To image the breast, the breast is placed between the x-ray source and the image plate, the breast being placed on the image plate. In order to take the necessary stereo images the clinician will manually position the x-ray source to one side and then the other of the center axis of the machine (typically 15-20 degrees to each side of the center axis), obtaining an x-ray image on each side of the breast. The computer will then, with great accuracy, calculate the precise x, y and z location of the suspect abnormality in the breast and automatically communicate to the clinician or directly to the positioning head the targeting coordinates for the biopsy device. The clinician can then manually, or automatically, position the biopsy probe into the breast at the precise location of the abnormality.
There are generally two styles of x-ray machines in wide spread use for breast imaging. One style is known as “prone”, because the patient lies face down during the x-ray and biopsy procedures on a table that is configured horizontal to the floor.
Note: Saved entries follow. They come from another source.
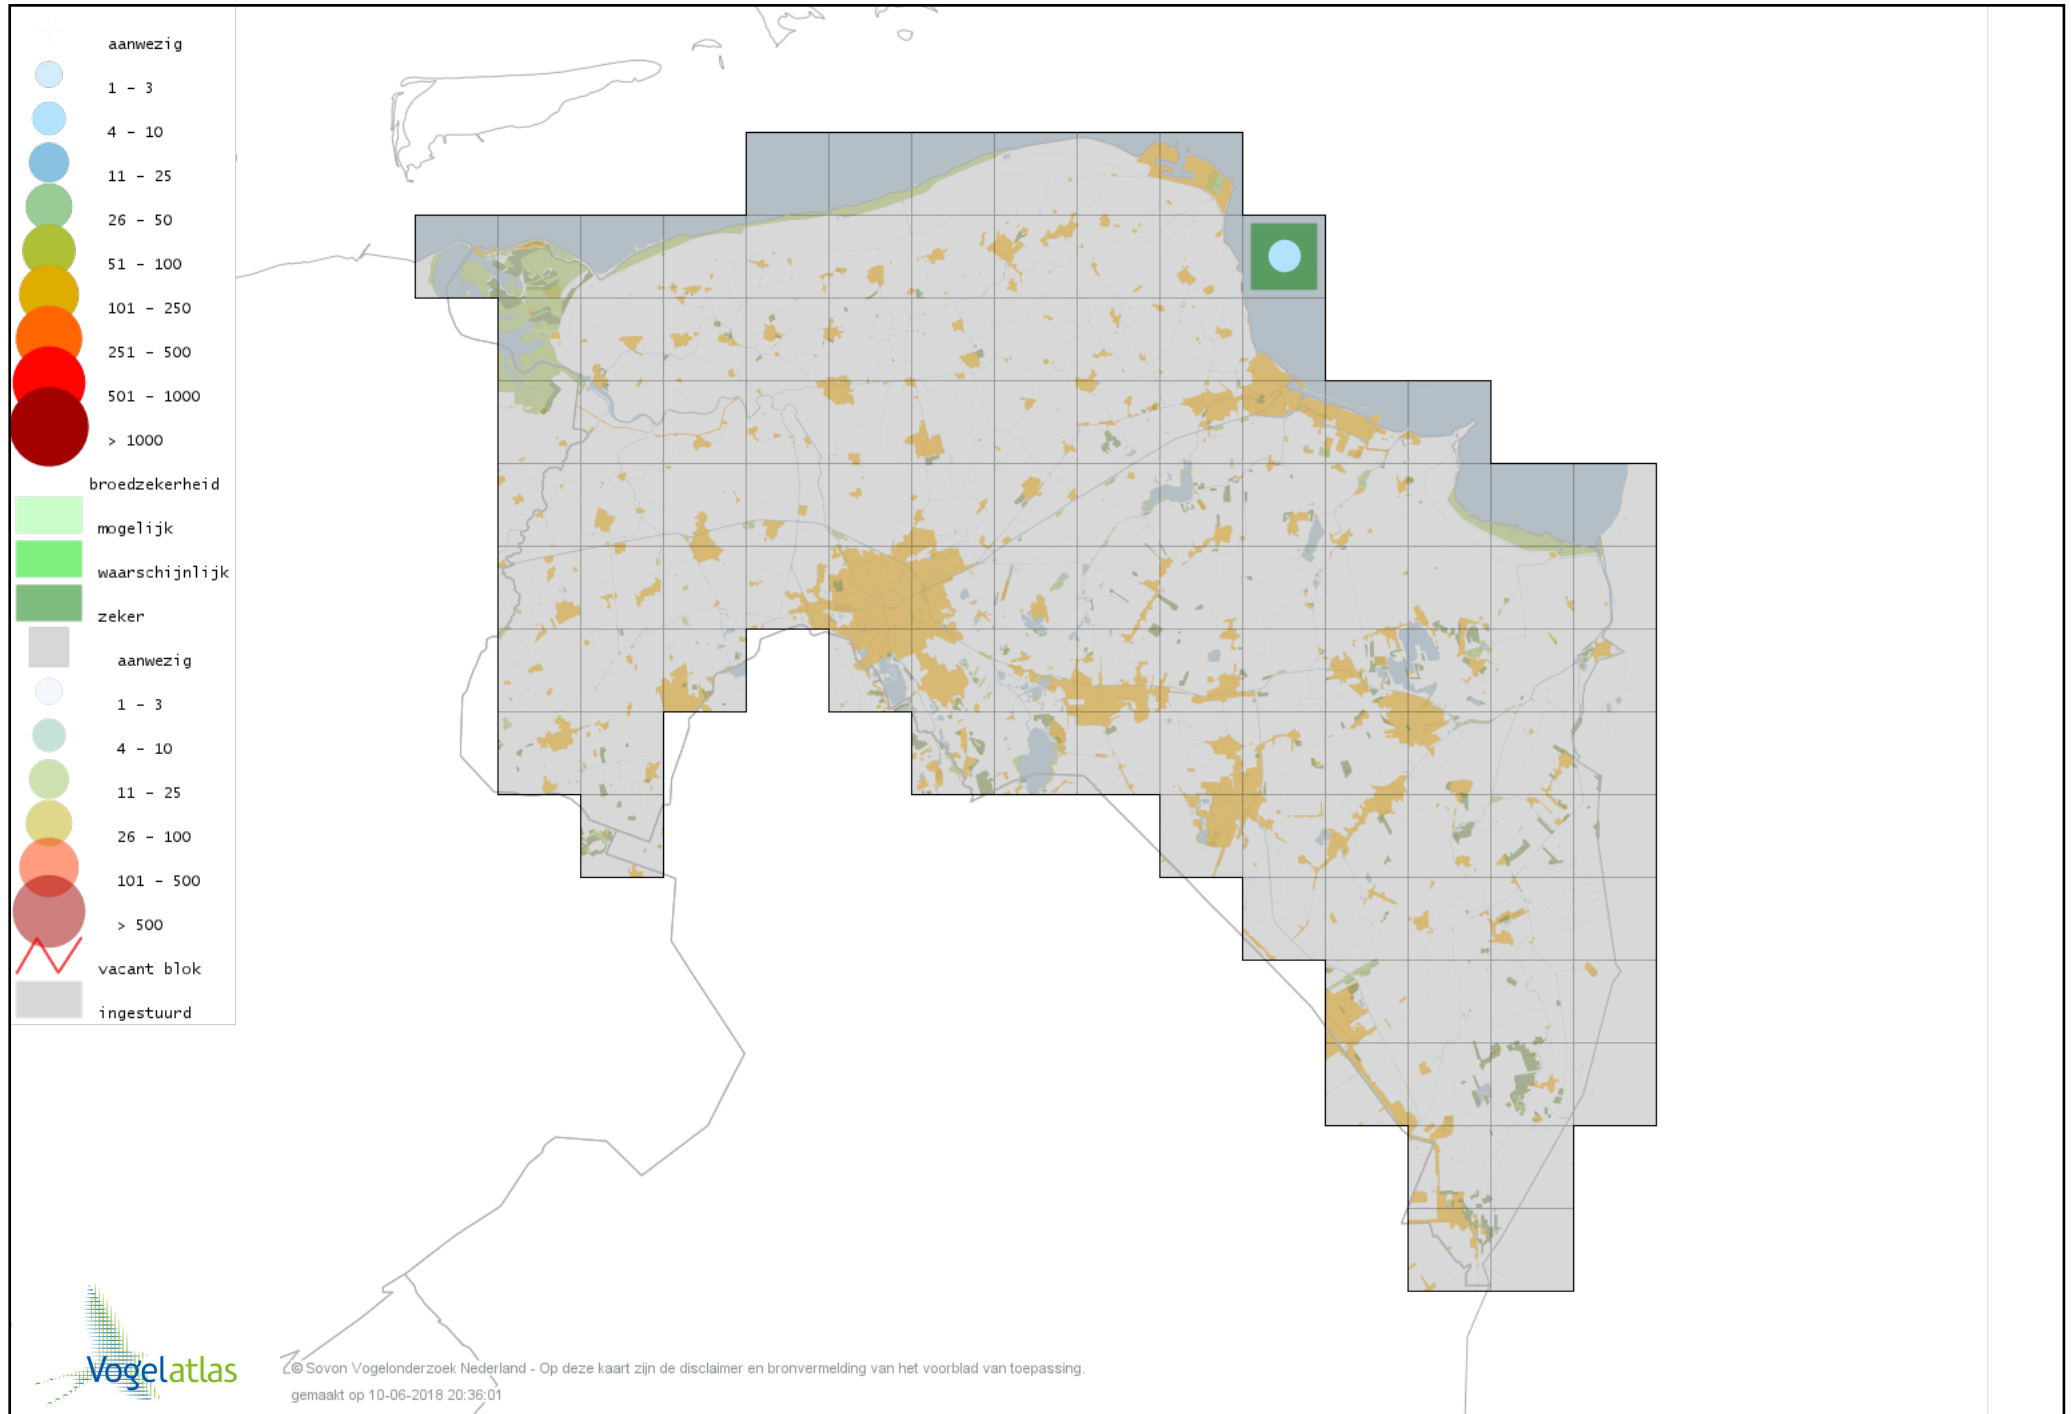

Voorlopige verspreidingskaart Zomertaling broedseizoen

Voorlopige verspreidingskaart Wintertaling broedseizoen

Voorlopige verspreidingskaart Patrijs broedseizoen

Voorlopige verspreidingskaart Kwartel broedseizoen

Voorlopige verspreidingskaart Fazant broedseizoen

Voorlopige verspreidingskaart Aalscholver broedseizoen

Voorlopige verspreidingskaart Roerdomp broedseizoen

Voorlopige verspreidingskaart Kleine Zilverreiger broedseizoen

Voorlopige verspreidingskaart Blauwe Reiger broedseizoen

Voorlopige verspreidingskaart Ooievaar broedseizoen

Voorlopige verspreidingskaart Lepelaar broedseizoen

Voorlopige verspreidingskaart Dodaars broedseizoen

Voorlopige verspreidingskaart Fuut broedseizoen

Voorlopige verspreidingskaart Geoorde Fuut broedseizoen

Voorlopige verspreidingskaart Wespendifeet broedseizoen

Voorlopige verspreidingskaart Bruine Kiekendief broedseizoen

The other style, in more wide spread use, is the “upright”. The center axis of the upright imaging machine is configured vertical to the floor and the patient sits in front of the machine during the x-ray and biopsy procedures.
The above described biopsy instruments mount to a three axis positioning head located between the x-ray source and image plate on the breast x-ray imaging machine. The distance between the x-ray source and imaging plate is known in the industry as the SID (Source to Image Distance). There is no standard SID in the industry and in fact the SID varies greatly from one x-ray machine manufacturer to another.
This creates a problem for the manufacturers of devices, like the MAMMOTOME, which is intended to be mounted between the x-ray source and image plate of the x-ray imaging machine. In the case of the MAMMOTOME instrument with its length from the distal tip of the biopsy probe to the most proximal portion of the driver measuring approximately 41 centimeters, adequate mounting space has been found to exist on the prone style x-ray machines. However, on some of the more popular upright style x-ray imaging machines the SID has been found to be as little as 29 centimeters, obviously too small in which to mount the MAMMOTOME. What is needed, therefore, is a biopsy instrument configured to permit mounting on the shorter SID x-ray imaging machines.